I've been away from Atlanta for about 7 years, and about all I miss is the skyline [Raleigh's skyline is nothing compared to Atlanta's] and the Masquerade [the 'underground' music scene in Raleigh is, well, nonexistent.] 
Is Kim Peterson still on 680?


----------



## Ric

yea - but its 640. catch him live online at www.wgst.com.
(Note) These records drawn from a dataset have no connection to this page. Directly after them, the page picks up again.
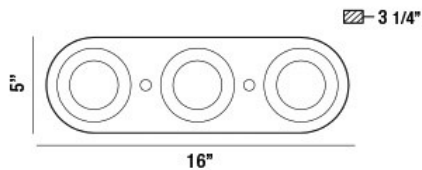

NYMARK, 16" CEILING MOUNT

PRODUCT DETAILS

No.	:	33618-012
Product Color	:	WHITE
Shade / Accent Colour	:	WHITE
Length	:	16"
Width	:	5"
Height	:	3.25"
Weight	:	5lbs

LIGHT SOURCE DETAILS

Light Source Type	:	INTEGRATED LED
Input Voltage	:	120V
Bulb Voltage	:	36-41V
Total Wattage	:	30W
Total Lumen	:	3300lm
Kelvin	:	3000K
CRI	:	80+
Dimmable	:	Yes

Options Available

ITEM NO.	FINISH	SHADE
33618-012	WHITE	WHITE

TECHNICAL DETAILS

Canopy / Backplate Length	:	16"
Canopy / Backplate Height	:	3.5"
Canopy / Backplate Width	:	5.25"
Location	:	DAMP
Approval	:	
Beam Angle	:	60 Degree
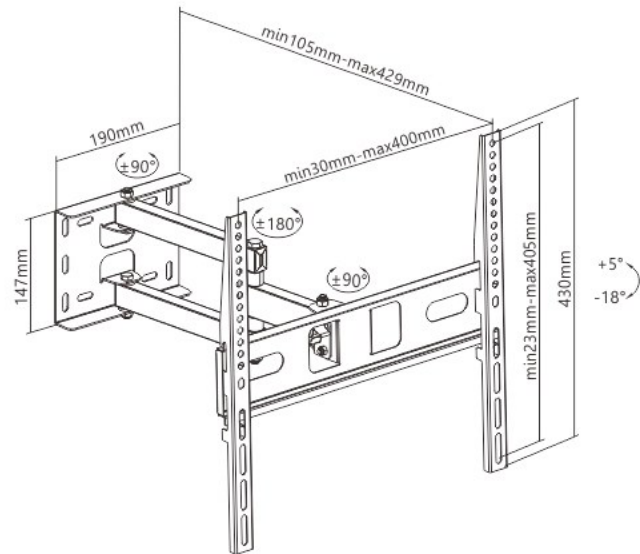

## IMM-FULL3255-77

Full Motion LED, LCD TV Wall Mount

### Features

- Super Economy Full-Motion TV Wall Mounts
- Fit for most 32" - 55" LED, 3D LED, LCD, Flat panel TVs
- +5° ~ -18° tilt; +90° ~ -90° swivel
- VESA compliant: 75x75, 100x100, 100x150, 150x100, 150x150, 200x100, 100x200, 200x200, 300x200, 300x300, 400x200, 400x300, 400x400
- Mounting profile: 105~429mm
- Support screens up to 77lbs (35kgs)

### Ordering Information

**IMM-FULL3255-77:** Full Motion LED, LCD TV Wall Mount

InVid Tech, reserves the right to make changes to improve our products at any time without notice; we are not responsible for misprints.
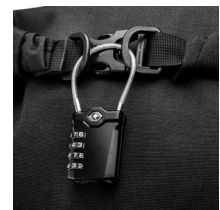

PRODUCT INFO

X-TREMER

Extra large expeditions drybag with roll closure

Reliable roll closure with side-release buckle and loops

Adjustable padded shoulder straps

D-ring for additional safeguarding and anchoring
Useful carrying handle

Welded suspension points designed up to a load of 220 kg

Removable sternum strap

Inside view

D-rings for locking

Size	Height cm/in	Width cm/in	Depth cm/in	Volume L/cu.in.	Weight g/oz.
150 L	92/36.2	50/19.7	30/11.8	150/7953	1320/46.6

= height rolled; add appr. 20 cm/ 8 in. for length of open dry bag

SPECIFICATIONS:

- + ORTLIEB's jumbo size pack sack with carrying straps
- + For heavy duty purposes (e.g. expeditions), e.g. as protection cover for trekking backpacks on airplane trips
- + Chest strap easy to take off
- + Shaped shoulder straps for greater range of motion
- + D-rings for fixing, holding or locking (e.g. with a padlock)
- + Better than transportation barrels which are too bulky when empty
- + Foldable into small packing volume
- + Rectangular base
- + Easy to clean inside

Delivery: Dry Bag comes with padded shoulder straps

Note: In order to meet standard IP64 (6=dustproof, 4=protected against splash water coming from all directions) the roll closure must be rolled at least 3-4 times.
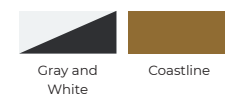

EXTERIOR COLORS

INTERIOR COLORS

BAYLINER

★ = POPULAR OPTION

VR4
Sterndrive
(I/O)

VR4
Outboard
(OB)

I/O Engines

- 200 HP MerCruiser® ECT 4.5L MPI Sterndrive (Alpha 1 Outdrive)
- 200 HP MerCruiser® 4.5L MPI Sterndrive (Alpha 1 Outdrive)*
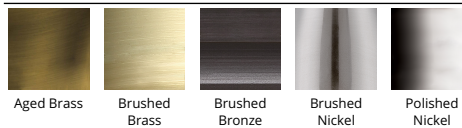

FINISHES

LINE DRAWING
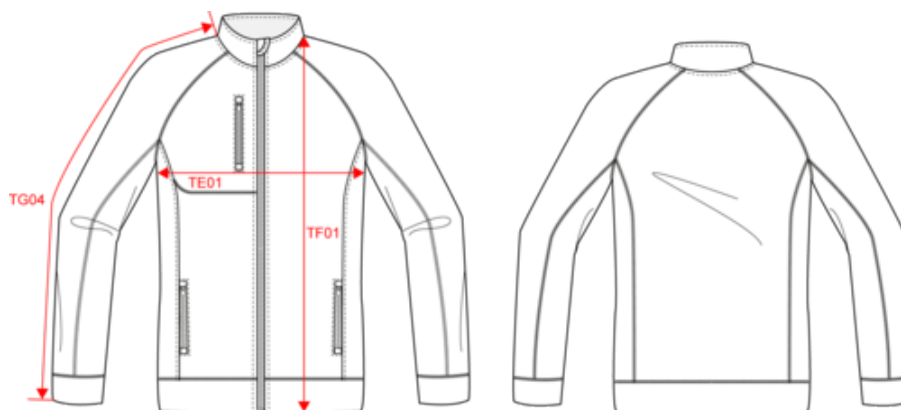

KARIBAN

K9106

Men's full zip heather jacket

- Brushed inner knit: softness and warmth.
- Thick, extremely comfortable.
- Raglan sleeves: comfort and sporty look.

100% polyester inner brushed knit. Raglan sleeves. Zip fastening. 2 contrasting zipped front pockets and 1 contrasting zip chest pocket. Coverstitching on panels. Relaxed fit and comfortable fabric. Certifié STANDARD 100 by OEKO-TEX® N° CQ1007/8, IFTH.

Dimensions (cm)

Measurements in cm	S	M	L	XL	XXL	3XL	4XL
TE01 - 1/2 chest width at 1.5cm below armhole	51.00	54.00	57.00	60.00	63.00	66.00	69.00
TF01 - Total height from HSP	70.00	72.00	74.00	76.00	78.00	80.00	82.00
TG04 - Raglan long sleeve length	79.75	81.50	83.25	85.00	86.75	88.50	90.25
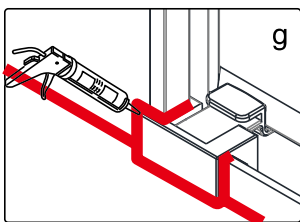

Note: Safety glass can not be re-worked.

■ Installation

Please read these instructions carefully before start of installation.

The wall post has up to 20mm of adjustment for out of true wall situations.

Ensure that the shower tray is fitted level and that after assembly of enclosure there is a full and continuous bead of sealant between the top of the shower tray and the title joint.

This product is heavy and will require two people to install.

This product is heavy and will require two people to install.

This product is heavy and will require two people to install.

This product is heavy and will require two people to install.
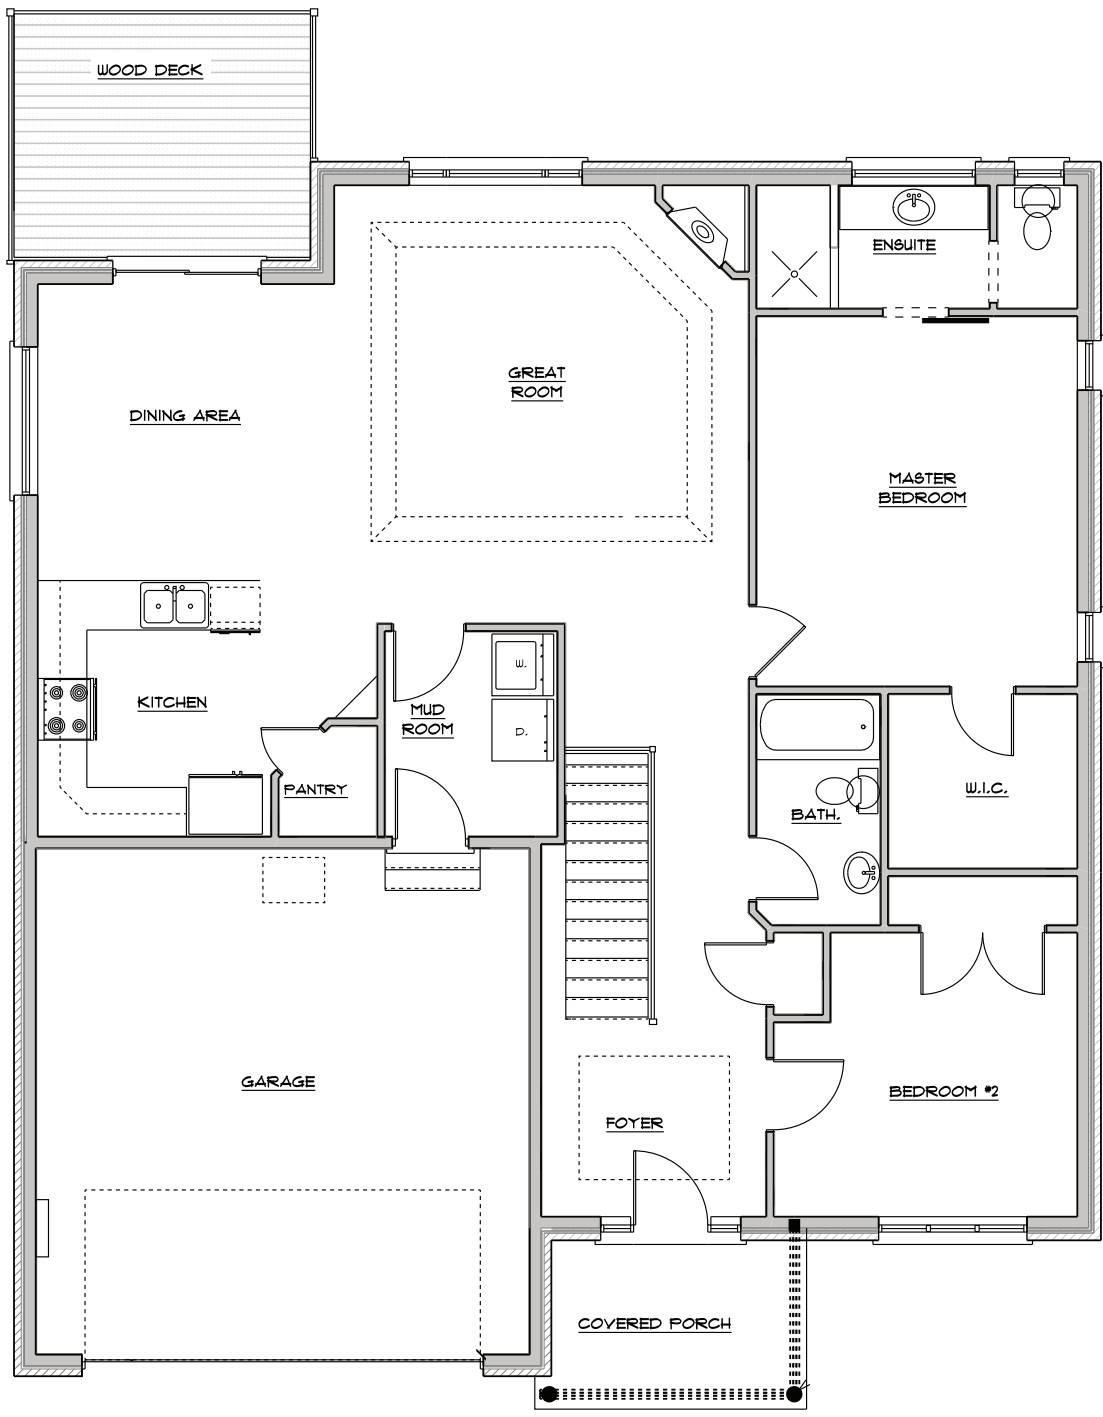

**HENDERSON**
DEVELOPMENTS

**MODEL
HOME**

**actual house may vary*

The Duke
1525 sq. ft.
30 Castle Ridge

Henderson Developments
www.hendersondevelopments.ca

T. 613.475.0197 F. 613.475.5688
info@hendersondevelopments.ca

**actual house may vary*

FINISHED AREA = 1052 sq.ft.

They run syndicated Glenn Beck in the mornings now since Hannity went National and several other shows went 'bust'. Kind of funny as their competition, the much larger WSB (AM750), now runs the Hannity show at night.

BTW - Kimmer has his own website at http://www.kimmershow.com/ which has some good downloads - especially patriotic stuff.


----------



## Pete K.

You might be if...

You catch yourself saying "Oh, my aching toe."
Wonder what the "Mellish Meter" is today.
Go to Kroger before dawn on a Sunday and have to
wait 15 minutes in line at the checkout.
Don't give a d--- about Monica's hairstyle.
Think renaming the airport is a bad idea.
Could care less about the Hawks and Thrashers
but go nuts over every twist and turn of the 
Braves fortunes.


----------



## Nick

Good adds, Pete.

Really old-atlanta-timers remember...

- when Lenox Square was an 'open air' mall
- the ice rink at the Omni
- Portman's Colony Square and the ice rink there
- the Sid & Marty Kroft indoor theme park (what _were_ they thinking?)
- the two longest escalator rides (guess where) 
- BCNN (Before CNN)
- when riding MARTA was considered an adventure, akin to going on a jungle safari
- the blue-domed Polaris Room
- Pittypat's Porch
- Davidson's, and the "Magnolia Room"
- Lester's "Picric" restaurant @ the _old_ underground (I have a signed axe handle - I axed Lester for it.)
- Sears on Ponce (PDL)
- Plaza Drugs and the Plaza Theater - on Ponce
- hot Krispy Kremes - on Ponce
- watching the (old) new C&S Bank "round" building on North Ave. being built from the top down
- riding the glass elvator to the Sundial


----------



## gcutler

Pete K. said:


> You might be if...
> Don't give a d--- about Monica's hairstyle.


WSB's Kaufmann? or Lewinsky???


----------



## JohnH

I still miss Steak N Shake though.


----------



## TerryC

Nick said:


> - the blue-domed Polaris Room


I remember you could get a nice view of the Atlanta area at one time. Now you get a nice view of the neighboring buildings.

Danny R, the top of the NationsBank building is decorated nicely at Christmas time, IMHO.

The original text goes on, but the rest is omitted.